-- Opening Marker --
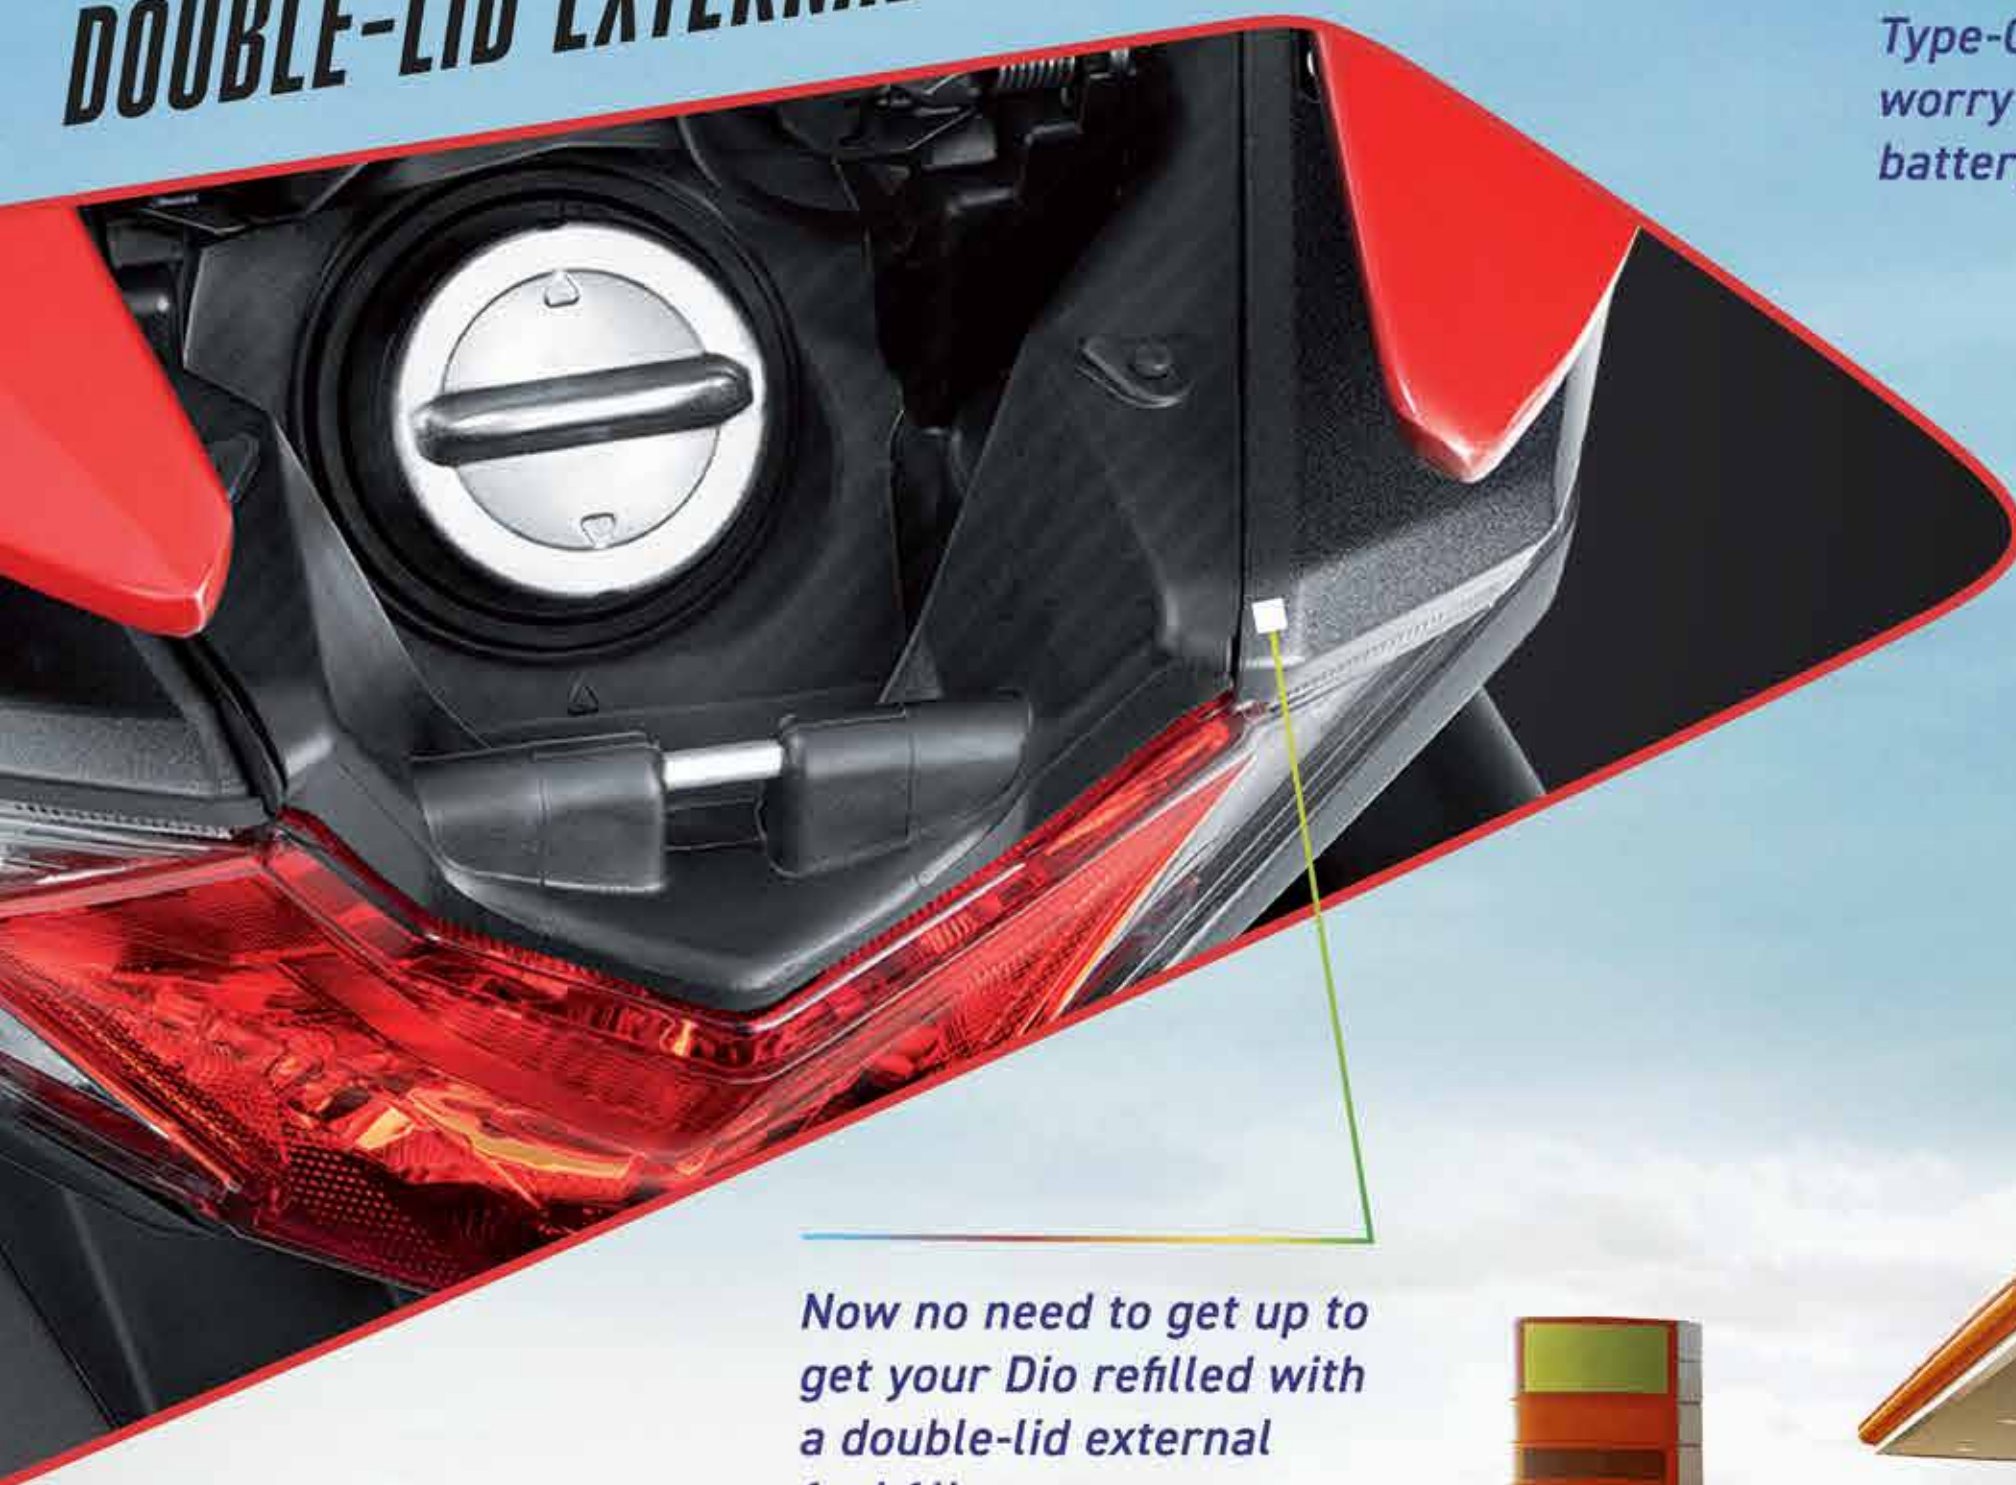

DOUBLE-LID EXTERNAL FUEL FILL
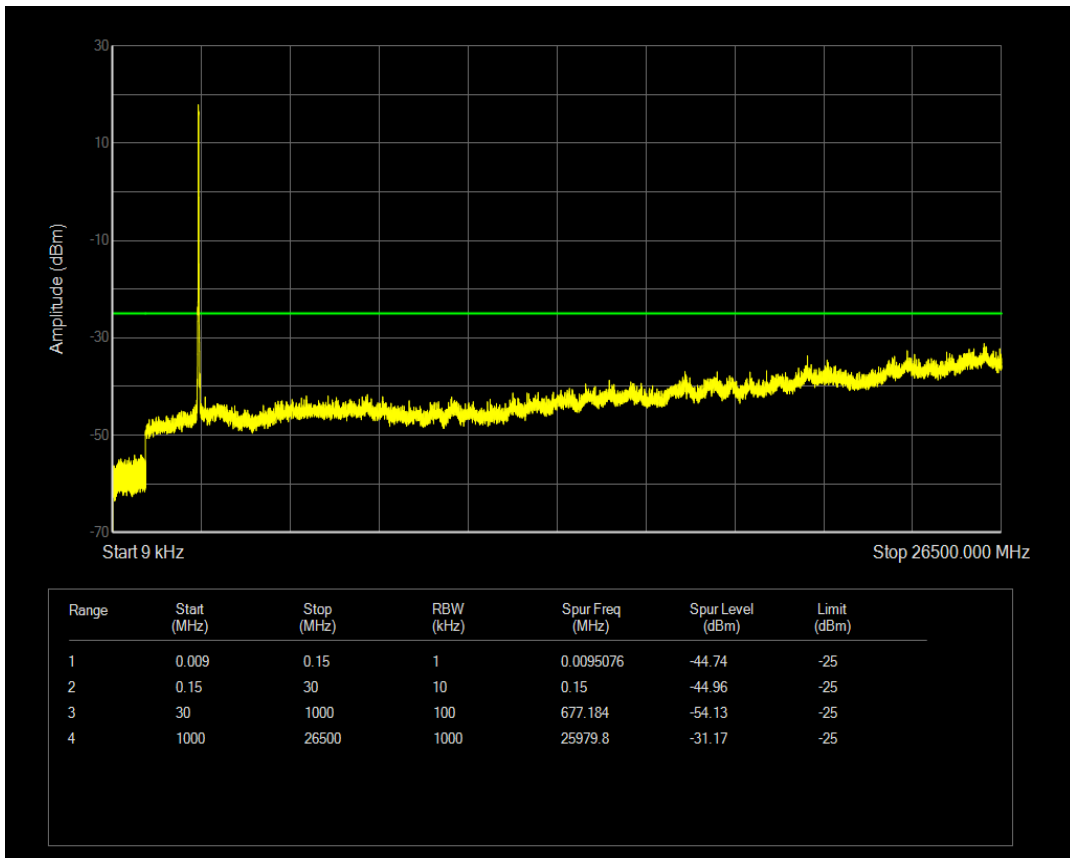

Band38 QPSK BW=20MHz Channel=37850 RB Size=100 Position=#0

Band38 16QAM BW=20MHz Channel=37850 RB Size=1 Position=#0
-- Closing Marker --
What is expected: With the images removed, reproduce all the material above word for word.

Completed exercise:
DOUBLE-LID EXTERNAL FUEL FILL

Band38 QPSK BW=20MHz Channel=37850 RB Size=100 Position=#0

Band38 16QAM BW=20MHz Channel=37850 RB Size=1 Position=#0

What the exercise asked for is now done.